**Exercise materials**
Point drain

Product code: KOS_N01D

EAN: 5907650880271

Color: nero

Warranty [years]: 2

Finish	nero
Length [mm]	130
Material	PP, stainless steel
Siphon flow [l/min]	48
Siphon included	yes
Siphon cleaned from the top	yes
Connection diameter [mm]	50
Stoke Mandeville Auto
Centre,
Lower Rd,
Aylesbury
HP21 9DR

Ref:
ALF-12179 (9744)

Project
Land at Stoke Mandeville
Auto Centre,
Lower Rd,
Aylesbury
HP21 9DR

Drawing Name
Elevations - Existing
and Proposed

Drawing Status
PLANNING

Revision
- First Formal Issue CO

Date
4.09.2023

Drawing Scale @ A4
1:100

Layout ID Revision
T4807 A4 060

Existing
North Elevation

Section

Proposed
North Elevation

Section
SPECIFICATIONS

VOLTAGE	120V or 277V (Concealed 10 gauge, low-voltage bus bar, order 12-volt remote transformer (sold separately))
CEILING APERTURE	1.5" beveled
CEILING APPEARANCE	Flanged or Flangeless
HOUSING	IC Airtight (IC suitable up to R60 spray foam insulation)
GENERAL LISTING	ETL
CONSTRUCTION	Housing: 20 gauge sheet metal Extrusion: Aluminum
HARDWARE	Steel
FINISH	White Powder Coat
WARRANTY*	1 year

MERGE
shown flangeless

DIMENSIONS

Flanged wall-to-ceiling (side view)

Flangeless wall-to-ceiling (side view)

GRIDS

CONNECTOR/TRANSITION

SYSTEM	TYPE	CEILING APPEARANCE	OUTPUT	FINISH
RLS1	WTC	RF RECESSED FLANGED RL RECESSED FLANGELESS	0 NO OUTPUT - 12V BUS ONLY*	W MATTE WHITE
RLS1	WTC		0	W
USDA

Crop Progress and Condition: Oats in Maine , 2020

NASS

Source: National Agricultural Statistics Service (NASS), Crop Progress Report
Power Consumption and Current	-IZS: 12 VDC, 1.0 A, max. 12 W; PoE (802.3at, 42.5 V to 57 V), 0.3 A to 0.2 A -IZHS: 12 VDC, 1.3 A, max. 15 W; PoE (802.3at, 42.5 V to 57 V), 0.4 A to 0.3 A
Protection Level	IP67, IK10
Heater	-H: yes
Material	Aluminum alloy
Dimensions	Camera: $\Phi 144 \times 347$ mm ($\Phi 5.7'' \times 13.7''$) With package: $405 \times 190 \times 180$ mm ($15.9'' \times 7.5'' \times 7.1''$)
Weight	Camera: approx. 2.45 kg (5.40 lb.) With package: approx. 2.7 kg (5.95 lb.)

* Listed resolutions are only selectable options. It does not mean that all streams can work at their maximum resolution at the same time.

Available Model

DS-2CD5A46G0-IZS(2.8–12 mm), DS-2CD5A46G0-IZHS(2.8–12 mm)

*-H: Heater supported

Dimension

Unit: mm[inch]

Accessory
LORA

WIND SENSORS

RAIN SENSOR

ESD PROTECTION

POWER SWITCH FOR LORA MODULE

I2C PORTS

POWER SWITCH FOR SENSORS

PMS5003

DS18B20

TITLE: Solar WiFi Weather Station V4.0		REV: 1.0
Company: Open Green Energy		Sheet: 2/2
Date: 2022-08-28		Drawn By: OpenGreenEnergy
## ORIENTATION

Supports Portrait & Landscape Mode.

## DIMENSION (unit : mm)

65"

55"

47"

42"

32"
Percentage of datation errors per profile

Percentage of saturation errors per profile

**Task brief**
Print the whole listing once more, exactly as it stands.

**Response for this exercise**
Point drain

Product code: KOS_N01D

EAN: 5907650880271

Color: nero

Warranty [years]: 2

Finish	nero
Length [mm]	130
Material	PP, stainless steel
Siphon flow [l/min]	48
Siphon included	yes
Siphon cleaned from the top	yes
Connection diameter [mm]	50
Stoke Mandeville Auto
Centre,
Lower Rd,
Aylesbury
HP21 9DR

Ref:
ALF-12179 (9744)

Project
Land at Stoke Mandeville
Auto Centre,
Lower Rd,
Aylesbury
HP21 9DR

Drawing Name
Elevations - Existing
and Proposed

Drawing Status
PLANNING

Revision
- First Formal Issue CO

Date
4.09.2023

Drawing Scale @ A4
1:100

Layout ID Revision
T4807 A4 060

Existing
North Elevation

Section

Proposed
North Elevation

Section
SPECIFICATIONS

VOLTAGE	120V or 277V (Concealed 10 gauge, low-voltage bus bar, order 12-volt remote transformer (sold separately))
CEILING APERTURE	1.5" beveled
CEILING APPEARANCE	Flanged or Flangeless
HOUSING	IC Airtight (IC suitable up to R60 spray foam insulation)
GENERAL LISTING	ETL
CONSTRUCTION	Housing: 20 gauge sheet metal Extrusion: Aluminum
HARDWARE	Steel
FINISH	White Powder Coat
WARRANTY*	1 year

MERGE
shown flangeless

DIMENSIONS

Flanged wall-to-ceiling (side view)

Flangeless wall-to-ceiling (side view)

GRIDS

CONNECTOR/TRANSITION

SYSTEM	TYPE	CEILING APPEARANCE	OUTPUT	FINISH
RLS1	WTC	RF RECESSED FLANGED RL RECESSED FLANGELESS	0 NO OUTPUT - 12V BUS ONLY*	W MATTE WHITE
RLS1	WTC		0	W
USDA

Crop Progress and Condition: Oats in Maine , 2020

NASS

Source: National Agricultural Statistics Service (NASS), Crop Progress Report
Power Consumption and Current	-IZS: 12 VDC, 1.0 A, max. 12 W; PoE (802.3at, 42.5 V to 57 V), 0.3 A to 0.2 A -IZHS: 12 VDC, 1.3 A, max. 15 W; PoE (802.3at, 42.5 V to 57 V), 0.4 A to 0.3 A
Protection Level	IP67, IK10
Heater	-H: yes
Material	Aluminum alloy
Dimensions	Camera: $\Phi 144 \times 347$ mm ($\Phi 5.7'' \times 13.7''$) With package: $405 \times 190 \times 180$ mm ($15.9'' \times 7.5'' \times 7.1''$)
Weight	Camera: approx. 2.45 kg (5.40 lb.) With package: approx. 2.7 kg (5.95 lb.)

* Listed resolutions are only selectable options. It does not mean that all streams can work at their maximum resolution at the same time.

Available Model

DS-2CD5A46G0-IZS(2.8–12 mm), DS-2CD5A46G0-IZHS(2.8–12 mm)

*-H: Heater supported

Dimension

Unit: mm[inch]

Accessory
LORA

WIND SENSORS

RAIN SENSOR

ESD PROTECTION

POWER SWITCH FOR LORA MODULE

I2C PORTS

POWER SWITCH FOR SENSORS

PMS5003

DS18B20

TITLE: Solar WiFi Weather Station V4.0		REV: 1.0
Company: Open Green Energy		Sheet: 2/2
Date: 2022-08-28		Drawn By: OpenGreenEnergy
## ORIENTATION

Supports Portrait & Landscape Mode.

## DIMENSION (unit : mm)

65"

55"

47"

42"

32"
Percentage of datation errors per profile

Percentage of saturation errors per profile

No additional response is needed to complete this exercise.